For several decades, the General Agreement on Tariffs and Trade was applied on a provisional basis. It was a multilateral agreement containing rules relating to trade in goods, and although it operated like a permanent agreement, it was without a permanent institutional framework, and was serviced by an ad hoc Secretariat.
The WTO now provides a permanent institutional framework for the multilateral trading system, with its own Secretariat. In addition, the WTO not only covers trade in goods, as the GATT rules did, but also trade in services and trade-related aspects of intellectual property rights. Also, the dispute settlement mechanism has been considerably strengthened in the WTO.
The GATT was a set of rules, with no institutional foundation, applied on a provisional basis. The WTO is a permanent institution with a permanent framework and its own secretariat.
The GATT rules applied to trade in goods. The WTO Agreement covers trade in goods, trade in services and trade-related aspects of intellectual property rights.

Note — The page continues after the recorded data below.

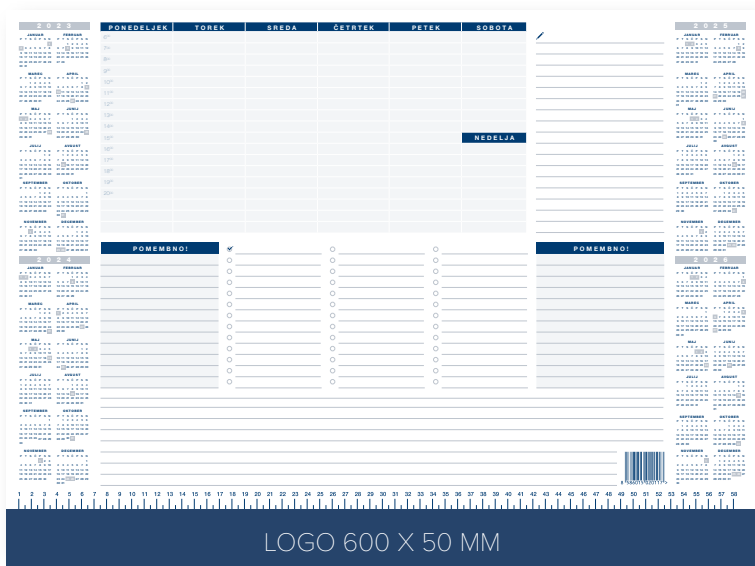

201234

pakirano

80 kos/karton

● IMENA

SLO HOROSKOP

NAMIZNA PODLOGA

LOGO 600 X 50 MM

dimenzija mm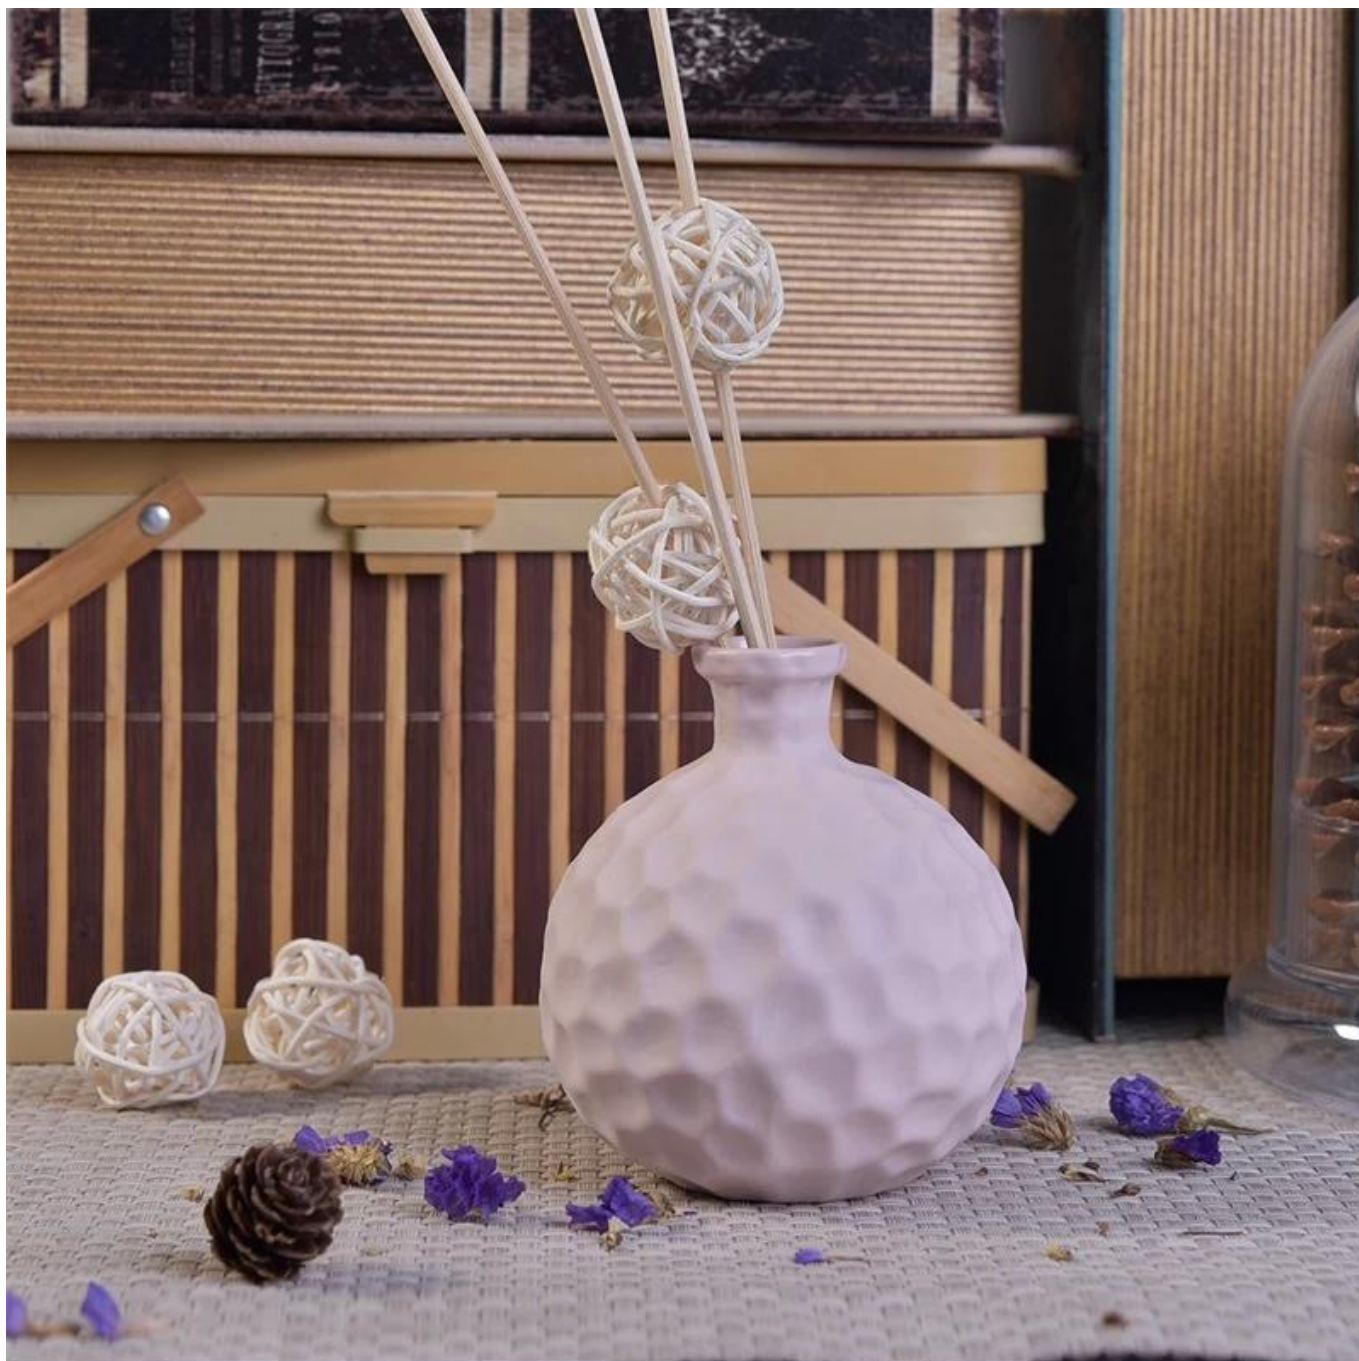

Office & Sample Room

Sunny Glassware - провідний постачальник свічок у Китаї з 1992 року, наші скляні / керамічні / бетонні банки для свічок тощо та відповідні аксесуари переважно експорт до США, ЄС, Африки, понад 24-річний досвід. Ми "строго з якістю, наша команда контролю якості перевіряє продукцію від сировини до виробництва, потім до упаковки поетапно, перевірка суворо відповідно до стандарту AQL.

Наш сервіс такий:

Whilst the GATT was a multilateral instrument, a series of new agreements were adopted during the Tokyo Round on a plurilateral-that is, selective-basis, causing a fragmentation of the multilateral trading system. The WTO has been adopted, and accepted by its Members, as a single undertaking: the agreements which constitute the WTO are all multilateral, and therefore involve commitments for the entire membership of the organization.
(4) Dispute settlement
The WTO dispute settlement system has specific time limits and is therefore faster than the GATT system; it operates more automatically, thus ensuring less blockages than in the old GATT; and it has a permanent appellate body to review findings by dispute settlement panels. There are also more detailed rules on the process of the implementation of findings.